0

I have a MySQL procedure which counts records in a very large MySQL table called overview_table. More or less the algorithm is the following:

  1. Create a temporary table called step1 which filters down the overview_table to contain records for only 1 week and only the required data.
  2. Go through each record in the newly created step1 table and do a count of 2 distinct dates in the entire overview_table

My query works. However, I am doing an inner SELECT twice. This is ineficient since I could technically retrieve both data points at the same time.

I read a few articles on how to overcome this (for example this: MySQL: Returning multiple columns from an in-line subquery), but my problem is the date filter which I apply inside of the subquery.
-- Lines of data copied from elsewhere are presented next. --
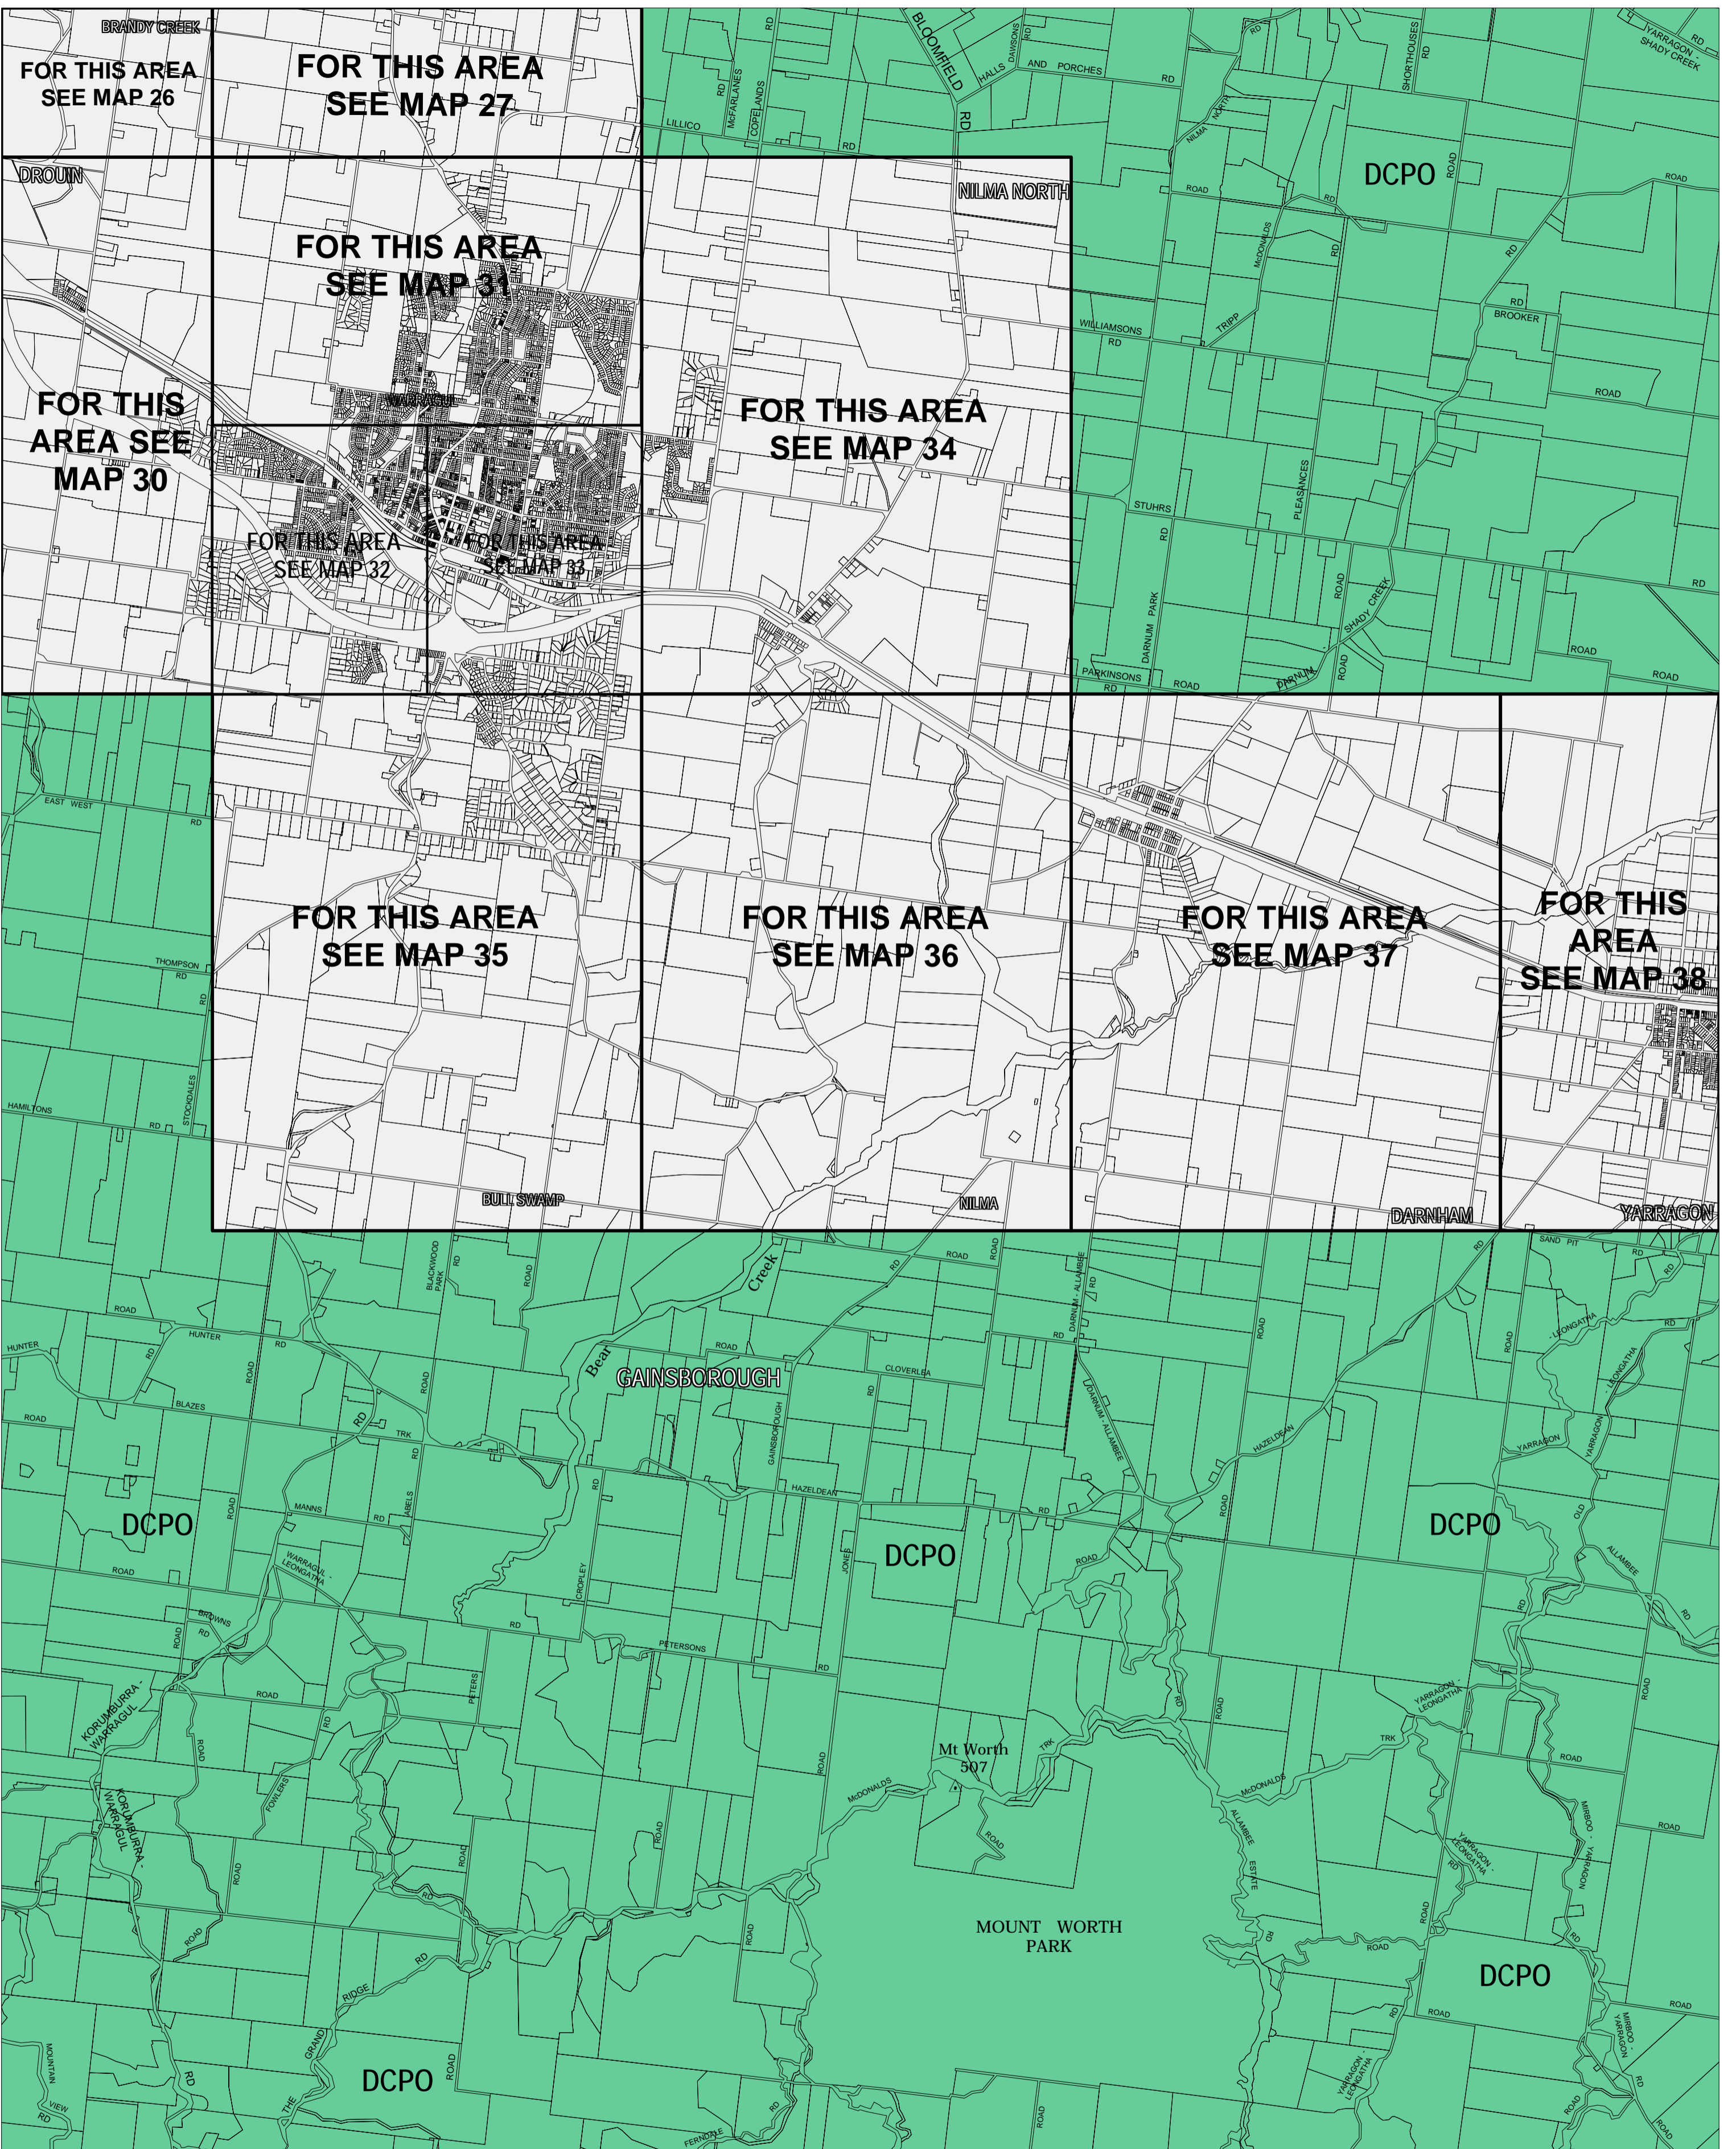

BAW BAW PLANNING SCHEME - LOCAL PROVISION

FOR THIS AREA
SEE MAP 26

FOR THIS AREA
SEE MAP 27

FOR THIS AREA
SEE MAP 31

FOR THIS AREA
SEE
MAP 30

FOR THIS AREA
SEE MAP 34

FOR THIS AREA
SEE MAP 32

FOR THIS AREA
SEE MAP 33

FOR THIS AREA
SEE MAP 35

FOR THIS AREA
SEE MAP 36

FOR THIS AREA
SEE MAP 37

FOR THIS AREA
SEE MAP 38

Overlays

- DCPO Development Contributions Plan Overlay

AUSTRALIAN MAP GRID ZONE 55

Printed: 12/5/2008

AMENDMENT C47 PART 1

How do I re-write this query so that I only query once for the data I am trying to get in the inner select? This means I need to somehow return the following 2 data points at the same time:

  • COUNT(a_date)
  • COUNT(d_date)

Thank you.

CREATE DEFINER=`abc`@`%` PROCEDURE `abc_help`()

BEGIN

# Filter overview table (VERY LARGE!) to contain records for 1 week
CREATE TABLE step1
SELECT 
    wj_id,
    jp_id,
    p_id,
    d_date,
    a_date,
    r_date,
    h_date,
    create_date
FROM overview_table
WHERE create_date BETWEEN '2020-02-01' AND '2020-02-01';

# Go through each record in step 1 and count number of date occurrences for each record.
# a_date and d_date will sometimes by NULL, therefore COUNT() works by counting non NULL values
CREATE TABLE step2
SELECT 
    step1.wj_id,
    -- Historal counter 1
    ( SELECT COUNT(a_date) FROM overview_table AS search WHERE
        search.a_date       < step1.create_date AND
        search.p_id         = step1.p_id AND
        search.jp_id        = step1.jp_id
    ) AS date_a_count,
    -- Historal counter 2
    ( SELECT COUNT(d_date) FROM overview_table AS search WHERE
        search.d_date       < step1.create_date AND
        search.p_id         = step1.p_id AND
        search.jp_id        = step1.jp_id
    ) AS date_d_count
FROM step1
GROUP BY 1;

END

Aivoric
  • 838
  • 2
  • 10
  • 24

1 Answers1

1

You can do it with a LEFT JOIN of step1 to overview_table:

SELECT 
    step1.wj_id,
    COUNT(CASE WHEN search.a_date < step1.create_date THEN 1 END) AS date_a_count,
    COUNT(CASE WHEN search.d_date < step1.create_date THEN 1 END) AS date_d_count
FROM step1 LEFT JOIN overview_table AS search
ON ((search.a_date < step1.create_date) OR (search.d_date < step1.create_date)) AND
   search.p_id = step1.p_id AND
   search.jp_id = step1.jp_id
GROUP BY step1.wj_id;

If you want to count only distinct dates then:

SELECT 
    step1.wj_id,
    COUNT(DISTINCT CASE WHEN search.a_date < step1.create_date THEN search.a_date END) AS date_a_count,
    COUNT(DISTINCT CASE WHEN search.d_date < step1.create_date THEN search.D_date END) AS date_d_count
FROM step1 LEFT JOIN overview_table AS search
ON ((search.a_date < step1.create_date) OR (search.d_date < step1.create_date)) AND
   search.p_id = step1.p_id AND
   search.jp_id = step1.jp_id
GROUP BY step1.wj_id;
forpas
  • 160,666
  • 10
  • 38
  • 76